一个热备份的服务器(看24.4)通过读取预写日志记录的方式保持当前状态。如果主服务器失败,那么热备份服务器包含有所有主服务器的数据,就可以很快地把自己改变为新的主数据库服务器。这是异步的并且仅能够对整个数据库服务器做备份。

Master-Slave Replication

主从复制

A master-slave replication setup sends all data modification queries to the master server. The master server asynchronously sends data changes to the slave server. The slave can answer read-only queries while the master server is running. The slave server is ideal for data warehouse queries.
一个主从复制结构是会发送所有的数据修改查询到主服务器。主服务器负责异步地发送数据改变到从服务器。从服务器在主服务器运行的时候可以响应只读查询。从服务器对于数据仓库的查询是比较理想的。
Slony-I is an example of this type of replication, with per-table granularity, and support for multiple slaves. Because it updates the slave server asynchronously (in batches), there is possible data loss during fail over.
Slony-I是这类复制的一个例子,基于表级的颗粒度,并且支持多个slave。因为它是异步更新(批处理),在failover的时候可能会有数据丢失。

Statement-Based Replication Middleware

基于statement的复制中间件

With statement-based replication middleware, a program intercepts every SQL query and sends it to one or all servers. Each server operates independently. Read-write queries are sent to all servers, while read-only queries can be sent to just one server, allowing the read workload to be distributed.
使用基于statement的复制中间件,程序截取每一个sql查询并且把它发送到一个或者所有的服务器。每一个服务器独立操作。读/写查询被送到所有的服务器,与此同时只读查询只送到一个服务器,这样可以实现读分布。
If queries are simply broadcast unmodified, functions like random(), CURRENT_TIMESTAMP, and sequences would have different values on different servers. This is because each server operates independently, and because SQL queries are broadcast (and not actual modified rows). If this is unacceptable, either the middleware or the application must query such values from a single server and then use those values in write queries. Also, care must be taken that all transactions either commit or abort on all servers, perhaps using two-phase commit (PREPARE TRANSACTION and COMMIT PREPARED. Pgpool-II and Sequoia are examples of this type of replication.
如果一个查询简单地不家修改地广播,函数比如random(), CURRENT_TIMESTAMP, 以及sequence在不同的服务器上将是不同的值。这是因为每一个服务器都是独自工作的,并且因为sql查询被广播(并不是实际修改的行)。如果这个不能被接受,那么不管是中间件或者应用都必须从一个单独的服务器来查询这些值并且用在写查询中。同事,需要注意的是,所有的事务不管是commit或者abort,或许使用两阶段提交(PREPARE TRANSACTION和COMMIT PREPARED)。pgpool-ii以及Sequoia就是这类复制方案的一个例子。

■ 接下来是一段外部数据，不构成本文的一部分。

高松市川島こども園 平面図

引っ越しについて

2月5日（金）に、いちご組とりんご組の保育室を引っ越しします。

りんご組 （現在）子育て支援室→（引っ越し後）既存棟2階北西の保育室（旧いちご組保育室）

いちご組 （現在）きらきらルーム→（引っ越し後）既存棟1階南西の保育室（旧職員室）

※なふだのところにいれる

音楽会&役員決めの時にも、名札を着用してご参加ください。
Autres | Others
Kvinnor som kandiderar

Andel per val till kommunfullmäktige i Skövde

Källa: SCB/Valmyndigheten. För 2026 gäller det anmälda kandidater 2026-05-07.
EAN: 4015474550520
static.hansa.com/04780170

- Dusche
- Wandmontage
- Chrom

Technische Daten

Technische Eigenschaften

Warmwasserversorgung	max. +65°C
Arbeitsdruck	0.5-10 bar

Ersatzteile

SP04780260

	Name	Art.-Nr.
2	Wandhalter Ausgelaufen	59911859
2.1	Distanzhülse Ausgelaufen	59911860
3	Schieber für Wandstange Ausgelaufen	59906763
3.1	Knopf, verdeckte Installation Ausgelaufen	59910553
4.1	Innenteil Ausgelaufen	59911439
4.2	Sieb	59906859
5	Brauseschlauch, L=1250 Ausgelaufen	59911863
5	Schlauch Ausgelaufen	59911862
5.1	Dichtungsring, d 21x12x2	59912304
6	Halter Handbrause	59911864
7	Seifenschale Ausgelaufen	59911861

Asynchronous Multimaster Replication

异步multimaster复制

For servers that are not regularly connected, like laptops or remote servers, keeping data consistent among servers is a challenge. Using asynchronous multimaster replication, each server works independently, and periodically communicates with the other servers to identify conflicting transactions. The conflicts can be resolved by users or conflict resolution rules.
对于没有互联的服务器,比如掌上电脑或者远程服务器,在服务器间保持数据的一致性是一个挑战。使用异步multimaster复制方案,每一个服务器独立工作,并且周期性地相互通讯来标识冲突的事务。这些冲突通过用户或者冲突解决规则得以处理。

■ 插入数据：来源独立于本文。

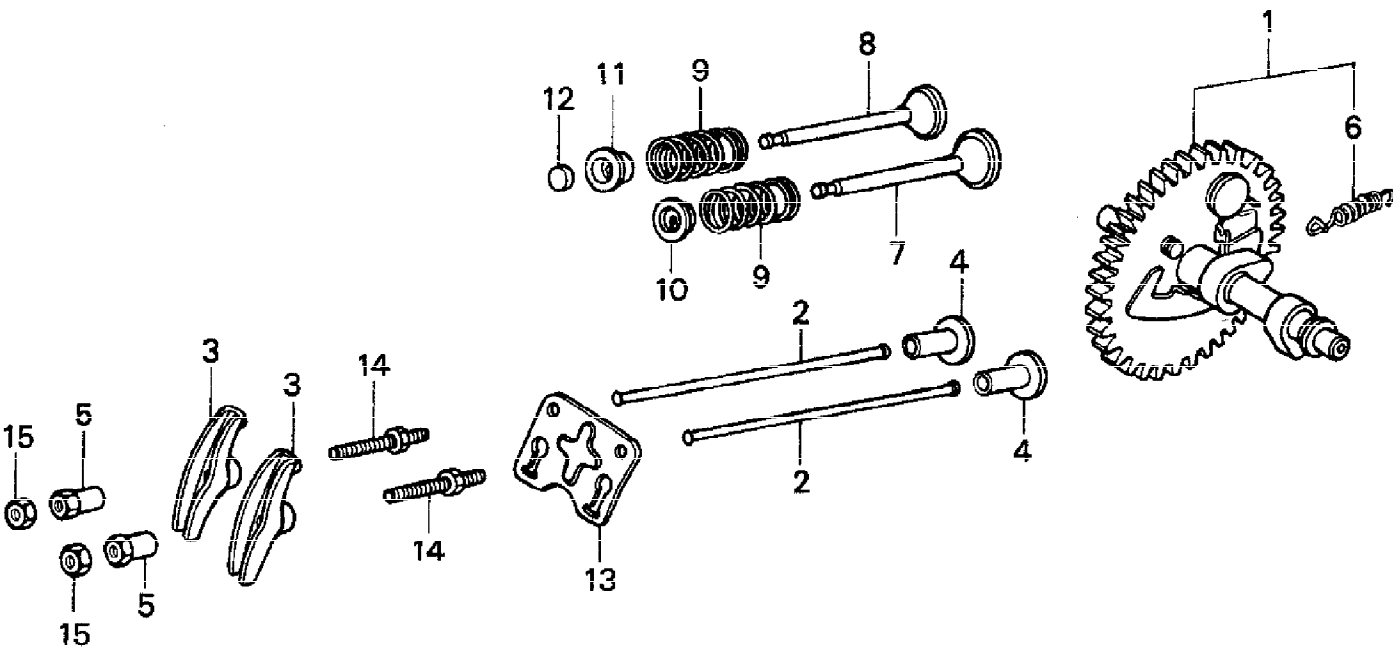

FR. 

Ref #	Part Number	Qty	Description
1	14100-ZE1-812	1	CAMSHAFT ASSY. (Honda Code 1929611).
2	14410-ZE1-010	2	ROD, PUSH (Honda Code 3352655).
3	14431-ZE1-000	2	ARM, VALVE ROCKER (Honda Code 1426824).
4	14441-ZE1-000	2	LIFTER, VALVE Use up to Engine SN 4252173. (Honda Code 1426832).
4	14441-ZE1-010	2	LIFTER, VALVE (Honda Code 5181383).
5	14451-ZE1-003	2	PIVOT, ROCKER ARM Use up to Engine SN 2595468. (Honda Code 1540764).
5	14451-ZE1-013	2	PIVOT, ROCKER ARM (Honda Code 4300901).
6	14568-ZE1-000	1	SPRING, WEIGHT RETURN (Honda Code 1426907).
7	14711-ZF1-000	1	VALVE, IN. (Honda Code 3683455).
8	14721-ZH8-810	1	VALVE, EX. (STELITE) (Honda Code 3683471).
9	14751-ZF1-000	2	SPRING, VALVE (Honda Code 3683489).
10	14771-ZE1-000	1	RETAINER, IN. VALVE SPRING (Honda Code 1426980).
11	14773-ZE1-000	1	RETAINER, EX. VALVE SPRING (Honda Code 1426998).
12	14781-ZE1-000	1	ROTATOR, VALVE (Honda Code 1427004).
13	14791-ZE1-010	1	PLATE, PUSH ROD GUIDE (Honda Code 1899947).
14	90012-ZE0-010	2	BOLT, PIVOT (8MM) (Honda Code 1756964).
15	90206-ZE1-000	2	NUT, PIVOT ADJ. (Honda Code 1431287).

Synchronous Multimaster Replication

同步multimaster复制

In synchronous multimaster replication, each server can accept write requests, and modified data is transmitted from the original server to every other server before each transaction commits. Heavy write activity can cause excessive locking, leading to poor performance. In fact, write performance is often worse than that of a single server. Read requests can be sent to any server. Some implementations use shared disk to reduce the communication overhead. Synchronous multimaster replication is best for mostly read workloads, though its big advantage is that any server can accept write requests — there is no need to partition workloads between master and slave servers, and because the data changes are sent from one server to another, there is no problem with non-deterministic functions like random().
在同步multimaster复制方案中, 每一个服务器接受写请求,并且在每一个事务提交之前,修改的数据从源服务器发送到每一个其他服务器。大负载的写行为会引起过分的锁,从而导致低下的性能。事实上,写性能经常会比单个服务器差。读操作可以发送给任一服务器。一些实现使用共享磁盘来降低通讯负载。同步multimaster复制方案对于多数读操作来讲是不错的,尽管它的最大益处是任何的服务器都可以接受写请求,因而不需要对负载做分发在主从服务器之间,并且数据改变是从一个服务器到另一个服务器,这对很多像random()这样的非确定性函数来说是没有问题的。
PostgreSQL does not offer this type of replication, though PostgreSQL two-phase commit (PREPARE TRANSACTION and COMMIT PREPARED) can be used to implement this in application code or middleware.
PostgreSQL没有提供这个类型的复制方案,尽管两阶段提交可以被用来在应用代码和中间件中实现它。

Commercial Solutions

商业解决方案

Because PostgreSQL is open source and easily extended, a number of companies have taken PostgreSQL and created commercial closed-source solutions with unique failover, replication, and load balancing capabilities.
因为PostgreSQL是一个开源软件并且易于扩展,很多公司使用PostgreSQL来创建商业的闭源解决方案,包括唯一的failover,复制,和负载均衡的能力。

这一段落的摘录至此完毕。